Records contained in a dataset
——

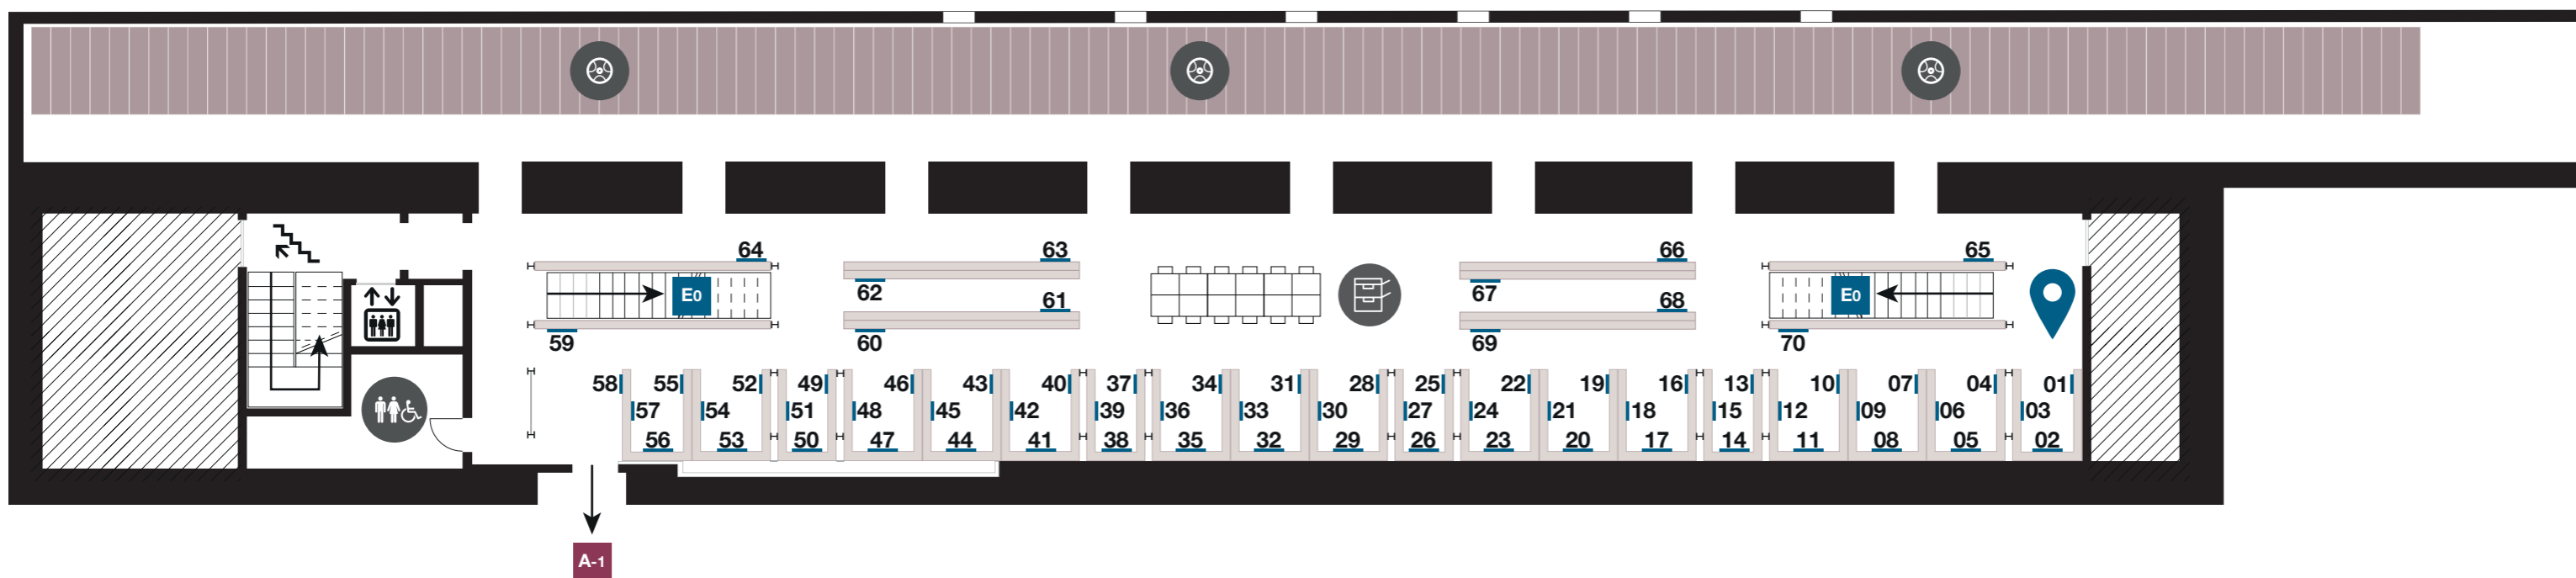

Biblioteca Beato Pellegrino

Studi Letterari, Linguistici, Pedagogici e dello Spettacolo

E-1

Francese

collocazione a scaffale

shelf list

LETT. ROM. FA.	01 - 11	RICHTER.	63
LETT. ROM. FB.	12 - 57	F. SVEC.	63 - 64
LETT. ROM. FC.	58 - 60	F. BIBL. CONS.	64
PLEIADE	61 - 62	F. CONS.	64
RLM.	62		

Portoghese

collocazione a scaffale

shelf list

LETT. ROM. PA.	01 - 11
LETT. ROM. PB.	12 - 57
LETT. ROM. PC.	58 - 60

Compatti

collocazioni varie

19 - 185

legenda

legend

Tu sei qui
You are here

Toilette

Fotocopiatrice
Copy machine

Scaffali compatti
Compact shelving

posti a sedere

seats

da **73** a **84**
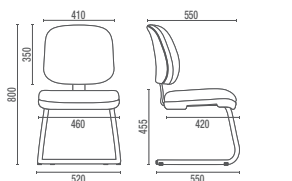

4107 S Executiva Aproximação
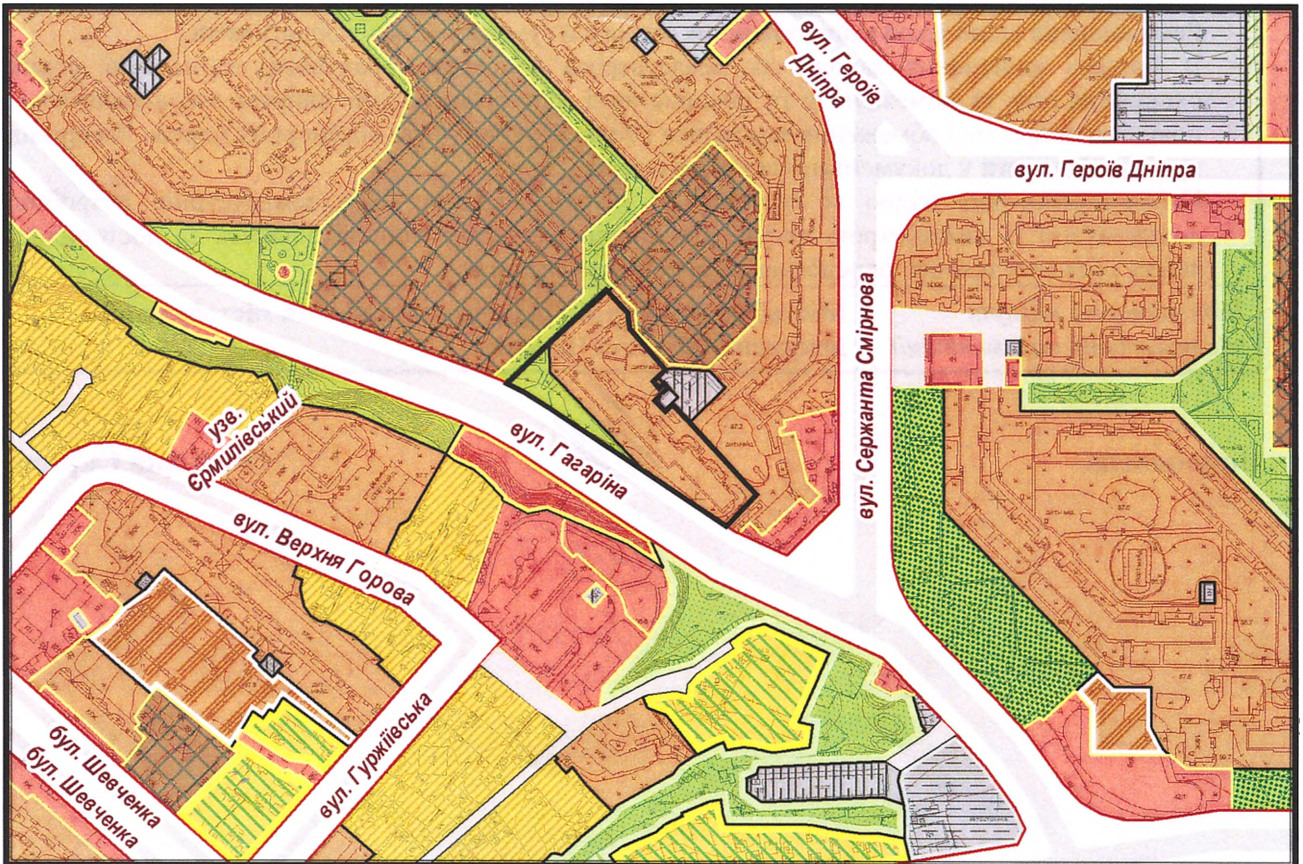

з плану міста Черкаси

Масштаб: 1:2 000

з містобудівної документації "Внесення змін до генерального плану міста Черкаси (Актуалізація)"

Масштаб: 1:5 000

——

- [Assignment]:
Please copy the records above word for word, omitting every picture.

- [Your solution]:
Biblioteca Beato Pellegrino

Studi Letterari, Linguistici, Pedagogici e dello Spettacolo

E-1

Francese

collocazione a scaffale

shelf list

LETT. ROM. FA.	01 - 11	RICHTER.	63
LETT. ROM. FB.	12 - 57	F. SVEC.	63 - 64
LETT. ROM. FC.	58 - 60	F. BIBL. CONS.	64
PLEIADE	61 - 62	F. CONS.	64
RLM.	62		

Portoghese

collocazione a scaffale

shelf list

LETT. ROM. PA.	01 - 11
LETT. ROM. PB.	12 - 57
LETT. ROM. PC.	58 - 60

Compatti

collocazioni varie

19 - 185

legenda

legend

Tu sei qui
You are here

Toilette

Fotocopiatrice
Copy machine

Scaffali compatti
Compact shelving

posti a sedere

seats

da **73** a **84**

4107 S Executiva Aproximação

з плану міста Черкаси

Масштаб: 1:2 000

з містобудівної документації "Внесення змін до генерального плану міста Черкаси (Актуалізація)"

Масштаб: 1:5 000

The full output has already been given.